Nontechnical Guide to Petroleum Geology, Exploration, Drilling and Production (2nd Edition) Oil & Gas Production in Nontechnical Language

Thursday, June 18, 2009

America Has Abundant (And Increasing) Amounts Of Natural Gas

This ought to be good news for everyone. The technology and infrastructure to drill and produce more natural gas is proven and much of it is already in place. We use this gas to heat our homes, cook our food, and generate substantial amounts of the electricity we need. The technology to use this gas to power automobiles, trucks and buses exists and involves only a simple and inexpensive conversion.

Increased drilling and production would create jobs, provide increased royalties and tax revenue to Local, State, and the Federal Government, and it would reduce our dependence on "foreign oil". So why aren't we going after this bonanza of energy? Why are drilling rigs sitting idle?
Peter

June 18, 2009

Estimate Places Natural Gas Reserves 35% Higher

Thanks to new drilling technologies that are unlocking substantial amounts of natural gas from shale rocks, the nation’s estimated gas reserves have surged by 35 percent, according to a study due for release on Thursday.

The report by the Potential Gas Committee, the authority on gas supplies, shows the United States holds far larger reserves than previously thought. The jump is the largest increase in the 44-year history of reports from the committee.

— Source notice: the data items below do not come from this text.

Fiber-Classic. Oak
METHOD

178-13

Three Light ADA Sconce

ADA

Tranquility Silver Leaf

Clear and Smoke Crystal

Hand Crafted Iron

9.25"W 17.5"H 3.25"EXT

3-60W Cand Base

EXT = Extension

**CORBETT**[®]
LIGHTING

The finding raises the possibility that natural gas could emerge as a critical transition fuel that could help to battle global warming. For a given amount of heat energy, burning gas produces about half as much carbon dioxide, the main cause of global warming, as burning coal.

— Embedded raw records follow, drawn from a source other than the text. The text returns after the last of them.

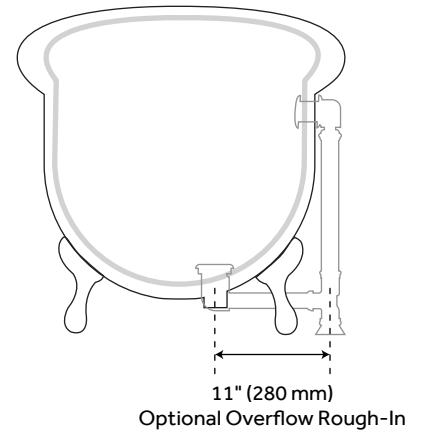

## FEATURES

- Design: Traditional
- Overflow Hole: Yes
- Shape: Oval
- Material: Cast Iron
- Exterior Treatment: Hand-Smoothed, Painted White
- Interior Treatment: White Porcelain Enamel
- Feet Type: Imperial
- Feet Material: Cast Iron
- Tap Deck: Yes
- Drain Included: Optional
- Faucet Included: No
- Faucet Drillings: Tap Deck - 7" Rim Holes
- Built-In Adjusters: Yes
- Overflow Drain Will Include: Extended Pop-Up Drain With Swivel Head, a Daisy Wheel Overflow, Which Remain Open to Allow Water Into the Drain.

## CONTENTS

59" TUB ..... PAGE 2

REVISED 07/08/2021

# 59" LENA

CAST IRON CLAWFOOT TUB - 7" RIM HOLES - MONARCH IMPERIAL FEET

SKU: 946168-59-RH

## FEATURES

- Length: 59"
- Width: 29-1/2"
- Height: 26-3/4"
- Tub Interior Length: 37"
- Tub Interior Width: 18-1/8"
- Water Depth to Rim: 17-11/16"
- Water Depth to Overflow: 13"
- Water Capacity (Gallons): 34
- Tub Weight Uncrated (lbs): 349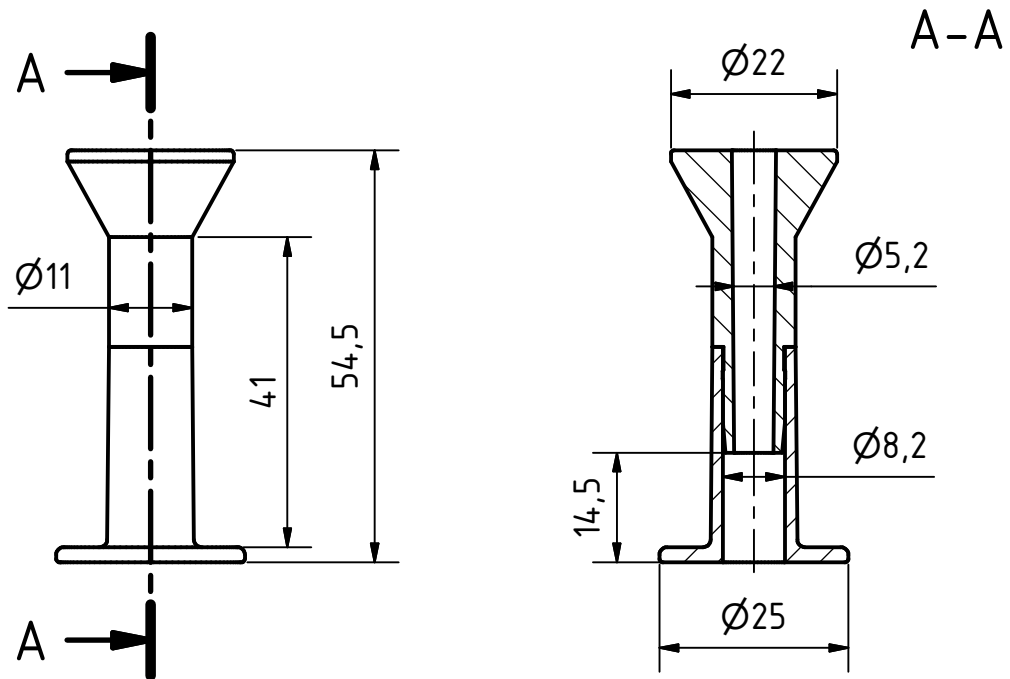

# ADP Wicket Pin

## 25059-101-Natur

Material: *HD-PE*

Colour: Natural  
*other colours on request*

*On request the pins or caps  
can also be supplied individually.*

Estimated natural gas reserves rose to 2,074 trillion cubic feet in 2008, from 1,532 trillion cubic feet in 2006, when the last report was issued. This includes the proven reserves compiled by the Energy Department of 237 trillion cubic feet, as well as the sum of the nation’s probable, possible and speculative reserves.

What Is a Tcf?

Natural gas is generally priced and sold in units of a thousand cubic feet (Mcf, using the Roman numeral for

one thousand). Units of a trillion cubic feet (tcf) are often used to measure large quantities, as in

resources or reserves in the ground, or annual national energy consumption. A tcf is one billion Mcf

and is enough natural gas to: Heat 15 million homes for one year; Generate 100 billion kilowatt-hours of electricity;

Fuel 12 million natural gasfired vehicles for one year.

The new estimates show “an exceptionally strong and optimistic gas supply picture for the nation,” according to a summary of the report, which is issued every two years by a group of academics and industry experts that is supported by the Colorado School of Mines.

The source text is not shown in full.